[Source data]
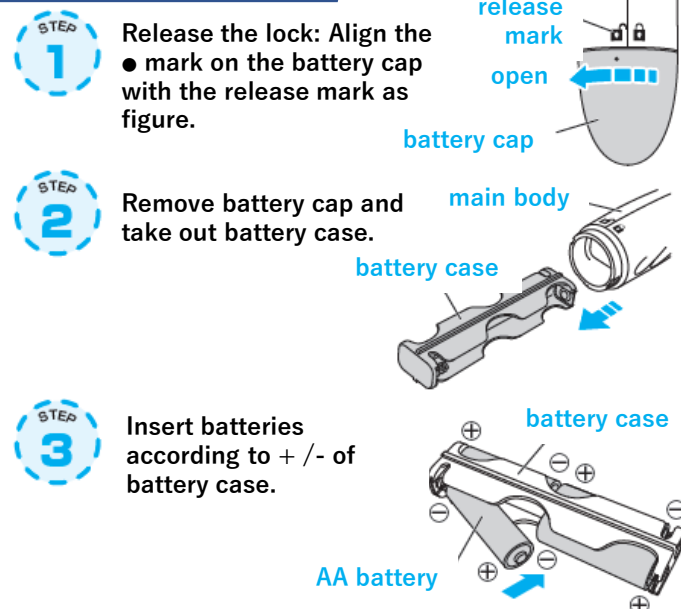

HANDY
MASSAGER

Rilamingo

Instruction Manual

For
storage

Medical device: home electric massager

Lourdes Handy Massager "Flamingo"
AX-KXL3200

*Please understand some designs and specifications may have changed.

How to put batteries

STEP 4 Put battery case to main body.

STEP 5 Lock: Align the ● mark on the battery cap with the lock mark as figure.

How to use

STEP 1 Put vibration part to body. Start massaging.

example

[shoulder]

[lower back]

[palm]

STEP 2 Release vibration part from body. Stop massaging.

Compatible with waterproof function, IPX5.

*IPX5: There is no effect on water jets from all directions.

Prohibited

*Do not soak, use in bathroom or wash with water.
*Do not use to thin part of the skin like head, knees or elbows, weak part of skin, face, throat and belly.
< It may cause an accident or injury.>
[/Source data]
**Work task**
Scan the material above for the string "battery" and copy every line that has it.

**Response area**
STEP 4 Put battery case to main body.
STEP 5 Lock: Align the ● mark on the battery cap with the lock mark as figure.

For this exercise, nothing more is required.